Apesar de haver pontos de discórdia, como as novas regras para o desfile, há muitos com os quais a AAUAlg concorda e pelos quais está a batalhar, garantiu Rodrigo Teixeira. Um deles é a realização de atividades de receção aos novos alunos que saiam da matriz que habitualmente se associa às praxes, de jovens pintados e sujos, por vezes com cheiros a condizer, e alunos mais velhos a gritar ordens e a obrigá-los a fazer atividades, muitas vezes, pouco dignas (práticas que também são proibidas pelo despacho do reitor).

«Lançámos este ano um projeto de integração solidária, uma iniciativa da AAUAlg. No passado, já havia cursos a promover este tipo de ações, em que os caloiros são chamados a contribuir para causas solidárias. Este ano, nós integrámo-las todas, numa parceria com diversas instituições do concelho de Faro», revelou.

Estas atividades incluem aulas de surf na Praia de Faro, a pintura das paredes do quartel dos Bombeiros Voluntários de Faro e a recolha de alimentos para animais abandonados, entre muitas outras. «Amanhã também teremos uma tarde desportiva», anunciou Rodrigo Teixeira. Muitas destas atividades estarão enquadradas no programa da Semana de Receção ao Caloiro.

Por outro lado, como acontece desde há alguns anos, todos os estudantes que vão estar oficialmente responsáveis pela integração dos novos alunos, as chamadas Comissões de Praxe, tiveram de participar em sessões pedagógicas, onde se procurou transmitir o espírito que se pretende, com as praxes, e os limites destas atividades.

Esta iniciativa é levada a cabo pela AAUAlg, em parceira com o Conselho de Veteranos, «composto por 33 alunos com quatro ou mais matrículas», que são também responsáveis por “manter na linha” os seus colegas mais novos.

Esta tarefa, considerou Rodrigo Teixeira, será dificultada pelas restrições impostas pela reitoria. «Isto só vai afastar mais os estudantes da Universidade e levá-los a praxar noutros locais.

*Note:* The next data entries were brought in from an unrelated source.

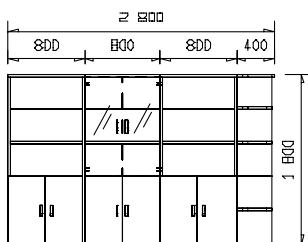

BASIC 2006

- BASIC 01-09 2 ks
- BASIC 01-11 1 ks
- BASIC 25 1 ks
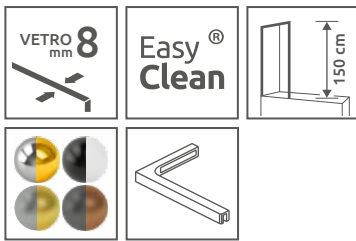

Modo SL PNJ II

Modo SL Gold PNJ II

Modo SL Black PNJ II

Modo SL White PNJ II

Modo SL Brushed Nickel PNJ II

Modo SL Brushed Gold PNJ II

Modo SL Brushed GunMetal PNJ II

Modo SL Brushed Copper PNJ II

Chrome	01
White	04
Gold	09
Black	54
Brushed Nickel	91
Brushed GunMetal	92
Brushed Copper	93
Brushed Gold	99

OPZIONI AGGIUNTIVE

Prezzo su misura, pag. 8

1 CODICE ARTICOLO

Sostituire **XX** con il **codice del colore**
Sostituire **Y** con **L** (Versione sinistra) o **R** (Versione destra)
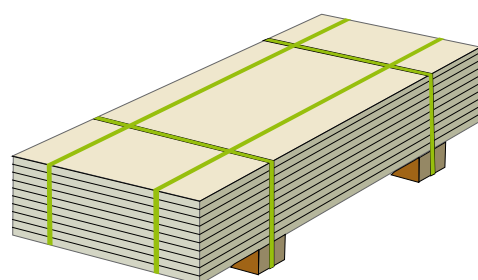

Solutions systèmes pour le cerclage des paquets de panneaux palettisés

Cerclage transversal

Avec feillard plastique extra-résistante

Machine pour le cerclage transversal avec

- Alimentation automatique des chevrons en bas
- Alimentation automatique des cornières en haut

**Avec feuillard
métallique**

Machine pour le cerclage
transversal avec

- Deux magasins pour des chevrons
- Dispositif d'alimentation pour protection par cornières

Cerclage longitudinal et transversal

Au choix: avec feuilard plastique extra-résistant ou feuilard métallique

Installations avec trois machines

- 1 Machine pour le cerclage longitudinal avec ou sans palettes
- 2 Machine pour le cerclage transversal des paquets de panneaux sur palettes
- 3 Machine pour le cerclage transversal avec des chevrons par le bas
- 4 Magasin pour chevrons
- 5 Alimentation automatique des chevrons

Pour des paquets prédéfinis, de largeurs différentes

Au choix: avec feuilard
plastique extra-
résistante ou feuilard
métallique

Cerclage automatique
des paquets de panneaux
définis, de largeur différent

Com isso perde-se a transparência que conseguimos, ao ter as praxes dentro dos campi», considerou.

O reitor, por seu lado, promete ter mão pesada em relação a eventuais prevaricações, avisando que «o incumprimento das regras será considerado uma infração disciplinar».

«Consequentemente, qualquer reclamação recebida (…) será seriamente averiguada e, em caso disso, dará lugar a processo disciplinar ou, em últimas consequências, à participação às autoridades judiciais», conclui o despacho reitoral.

Este despacho do reitor António Branco foi dado a conhecer ao mesmo tempo das conclusões de outro processo, o dos três alunos da UAlg envolvidos na praxe que, no ano passado, levou ao hospital uma aluna caloira.